Only those lines in the data below from the line containing "KNOB | B077890BGB" through the line containing "PULL | B077892BGB", both included, should be restated word for word.

RECORDED INFORMATION START

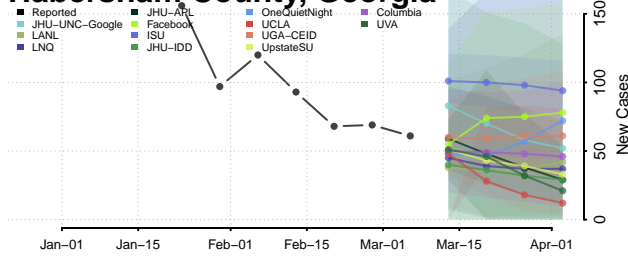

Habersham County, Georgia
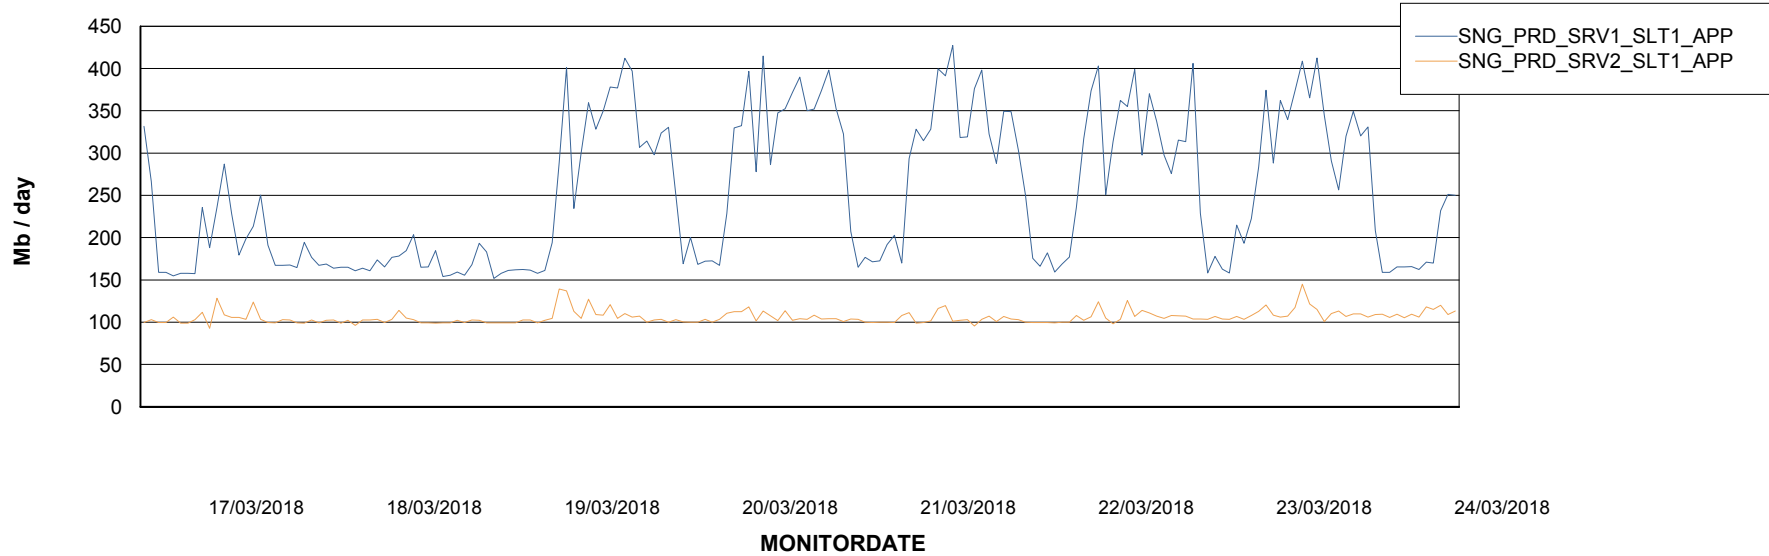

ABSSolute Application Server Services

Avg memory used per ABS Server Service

RECORDED INFORMATION END
RECORDED INFORMATION START

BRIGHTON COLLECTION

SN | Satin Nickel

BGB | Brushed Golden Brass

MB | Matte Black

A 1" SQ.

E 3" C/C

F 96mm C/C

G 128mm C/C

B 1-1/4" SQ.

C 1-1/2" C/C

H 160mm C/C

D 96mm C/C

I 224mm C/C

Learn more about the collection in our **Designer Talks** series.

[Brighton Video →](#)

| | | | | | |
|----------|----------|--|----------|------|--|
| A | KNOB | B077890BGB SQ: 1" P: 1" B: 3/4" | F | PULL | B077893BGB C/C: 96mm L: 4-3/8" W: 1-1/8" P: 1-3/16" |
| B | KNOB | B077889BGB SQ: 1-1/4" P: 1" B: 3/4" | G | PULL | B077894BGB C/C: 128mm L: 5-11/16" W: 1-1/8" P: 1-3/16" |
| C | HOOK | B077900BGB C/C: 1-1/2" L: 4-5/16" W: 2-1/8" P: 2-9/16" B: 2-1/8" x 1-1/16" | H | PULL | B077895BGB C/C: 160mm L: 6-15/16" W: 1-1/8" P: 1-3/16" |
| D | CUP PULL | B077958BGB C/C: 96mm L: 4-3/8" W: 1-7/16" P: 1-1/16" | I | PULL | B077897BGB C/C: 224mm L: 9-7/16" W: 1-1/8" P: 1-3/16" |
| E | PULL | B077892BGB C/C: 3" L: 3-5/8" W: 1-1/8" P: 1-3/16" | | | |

RECORDED INFORMATION END

▸ **FINISHED EXERCISE**:
| A | KNOB | B077890BGB SQ: 1" P: 1" B: 3/4" | F | PULL | B077893BGB C/C: 96mm L: 4-3/8" W: 1-1/8" P: 1-3/16" |
| B | KNOB | B077889BGB SQ: 1-1/4" P: 1" B: 3/4" | G | PULL | B077894BGB C/C: 128mm L: 5-11/16" W: 1-1/8" P: 1-3/16" |
| C | HOOK | B077900BGB C/C: 1-1/2" L: 4-5/16" W: 2-1/8" P: 2-9/16" B: 2-1/8" x 1-1/16" | H | PULL | B077895BGB C/C: 160mm L: 6-15/16" W: 1-1/8" P: 1-3/16" |
| D | CUP PULL | B077958BGB C/C: 96mm L: 4-3/8" W: 1-7/16" P: 1-1/16" | I | PULL | B077897BGB C/C: 224mm L: 9-7/16" W: 1-1/8" P: 1-3/16" |
| E | PULL | B077892BGB C/C: 3" L: 3-5/8" W: 1-1/8" P: 1-3/16" | | | |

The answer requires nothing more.